Healthcare – Clinicians create diagnostic models based on medical images and electronic health records unique to their facility.
Manufacturing – Factories optimize predictive maintenance models with data from their equipment sensors and IoT devices.
Technology – Tech companies enhance code intelligence with LLMs trained on internal codebases and documentation.
Retail – Retailers better forecast demand and analyze supply chain disruptions using store and inventory data.
Cybersecurity – Security teams develop anomaly detection models trained on network activity and threat intelligence.
Government – Agencies like the NIH use MosaicML to create biomedical language models on research literature.
Across verticals, MosaicML delivers the performance needed to make building with large models practical.
MosaicML integrates with the popular tools enterprises already use for data and model management. This includes support for:
- MLOps – Tools like Weights & Biases, Comet, and Neptune allow tracking experiments run on MosaicML. Models can be registered, compared, and promoted.
- Data infrastructure – Bring your own data from internal databases, data lakes on AWS S3 or GCS, and other storage systems.
- AI frameworks – Interoperable with all the major frameworks like PyTorch, TensorFlow, and Hugging Face Transformers.
- Cloud providers – Train across low-cost spot instances on AWS, GCP, and Microsoft Azure.
- AI deployment – Package trained models and serve predictions through SageMaker, Azure Machine Learning, and other tools.

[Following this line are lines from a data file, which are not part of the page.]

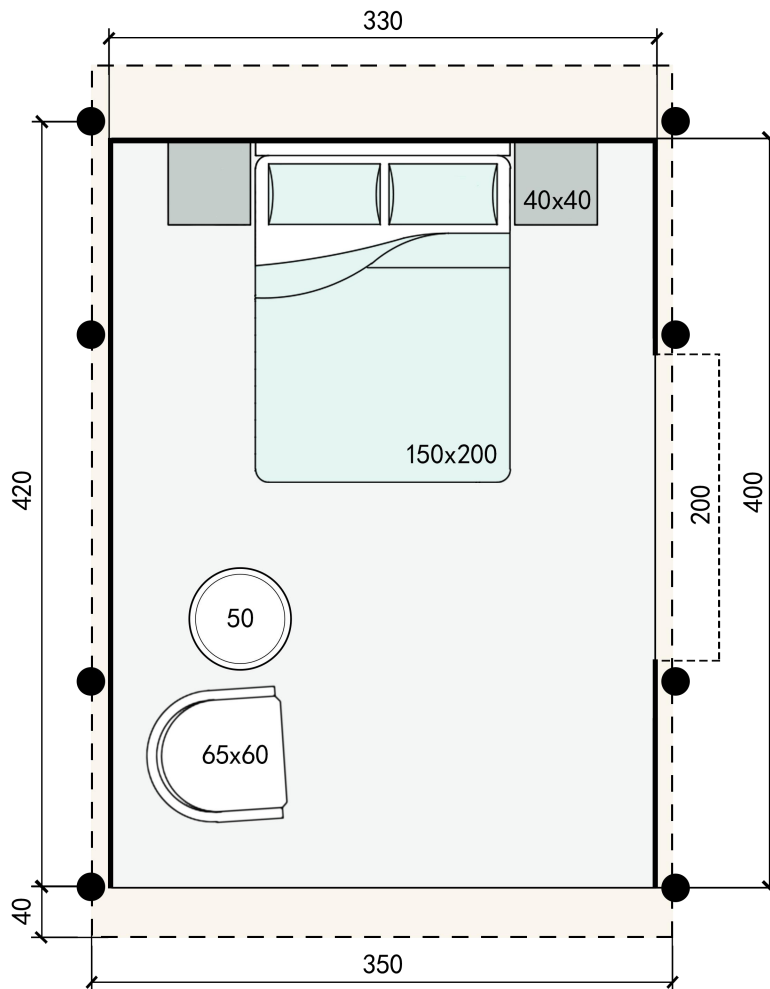

## **A15 轻奢帐篷**

帐篷立面图:

帐篷平面图:

### 主体参数

主体尺寸:	3.5m x 4.2m
室内尺寸:	3.3m x 4m
外部高度 (顶高):	2.8m
内部高度 (顶高):	2.5m
投影面积:	17.5 m <sup>2</sup>
占地面积:	15 m <sup>2</sup>
室内面积:	13 m <sup>2</sup>
露台面积:	2 m <sup>2</sup>
抗风等级:	8 级
适温条件:	-20°C~50°C
屋面载荷:	15kg/m <sup>2</sup>
使用寿命:	10 年
结构材料:	进口-樟子松
结构管径:	70mm
连接件材料:	防锈钢材
连接方式:	自攻螺丝
外帐材料:	750g-PVC 涂层布
外帐颜色:	卡其色(多色可选)
外帐防水指数:	WP8000
外帐色牢度:	7 级
外帐性能:	•抗撕裂 •阻燃 •抗 UV •防腐蚀
固定方式:	•铝压条 •拉绳
内帐材料:	370g-牛津布
内帐颜色:	米黄色(多色可选)
内帐防水指数:	WP3000
内帐色牢度:	5 级
内帐性能:	•阻燃 •抗 UV •防霉抗菌
固定方式:	•套管 •绑带
内帐与地面连接处理方式:	•木压条 •防水胶
正门尺寸/数量:	2.8m x 2.5m *1
正门材料:	牛津布

## 平台参数 (选配)

平台尺寸:	3.7m x 4.4m
平台结构:	镀锌钢材
结构尺寸:	100x 80 x 4mm
连接方式:	焊接 (可螺栓)
平台层板:	进口-樟子松
层板规格:	4000x100x 25mm
精装木地板(室内):	1210x183x 12mm

## 家具参数 (选配)

家具材料:	实木家具
家具级别:	4 星标准
床尺寸(含床垫)/数量:	150x 200cm *1
床柜尺寸/数量:	40x 40cm *2
卧椅尺寸/数量:	65x 60cm *1
圆桌尺寸/数量:	50cm *1

These integrations provide flexibility to use MosaicML as part of existing infrastructure.
While MosaicML is a relatively new startup, it already counts numerous enterprises as customers. Early adopters span industries including:
- Replit – Used MosaicML to train Codex model for powering AI coding assistant.

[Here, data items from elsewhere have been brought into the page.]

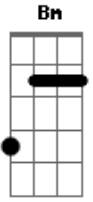

© ukulele-chords.com
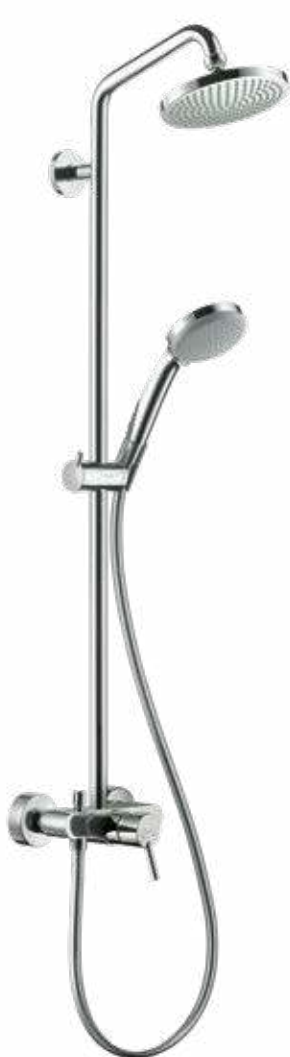

Croma

Showerpipe 160 1jet с термостатом

Душевой держатель 270 мм

Высоту трубы можно уменьшить

- Croma 160 1jet верхний душ
- Croma 100 Vario ручной душ
- Ecostat Comfort термостат

27135, -000 17 л/мин

Croma

- Anthem – Leading health insurance company using MosaicML to build clinical language models.
- Twilio – Communications platform company improving customer support models with MosaicML.
- Karius – Life science startup training pathogen detection models for infection testing.
- Allen Institute for AI – Nonprofit research institute using MosaicML to create biomedical LLMs.
- Samsung Next – MosaicML investor and customer focused on bringing AI to next gen consumer devices.
These customers highlight the breadth of enterprise use cases MosaicML can support. The startup is poised for rapid growth as more companies embrace AI and leverage its platform.
Funding and Investors
As an enterprise startup selling to major corporations, MosaicML has attracted significant investor interest:
- June 2022 – $38M Series A led by AME Cloud Ventures with participation from DCVC, Playground Global, and Samsung Next.
- October 2021 – $9M Seed led by Lux Capital and Frontline Capital.
Additional investors include OpenAI co-founder Greg Brockman, Segment co-founder Calvin French Owen, and angel investor Elad Gil.
Top venture capital firms are eager to back MosaicML’s vision of empowering every company to benefit from AI. The substantial capital allows MosaicML to continue expanding its platform capabilities.
The Future of MosaicML
MosaicML sits at the intersection of two major trends – the democratization of generative AI and rise of custom corporate language models. Enterprises want to leverage large language models, but struggles with the difficulty of training them.
MosaicML introduces efficiencies that allow every organization to develop tailored LLMs with full control of their data. This aligns with growing concerns over ethics, bias, and privacy in AI applications.
As more businesses embrace AI-first strategies, MosaicML provides the tools they need to be AI leaders. Backed by world-class technologists and investors, MosaicML is poised to power the next generation of enterprise AI.
By making large language model training accessible, MosaicML aims to put every company in the driver’s seat of the AI revolution.
So in summary, MosaicML combines cutting-edge R&D with an enterprise-focused platform for efficient LLM training. Their technology and expertise helps organizations operationalize generative AI with their own data. As AI adoption grows, expect MosaicML to play an integral role empowering businesses to customize models aligning with their values.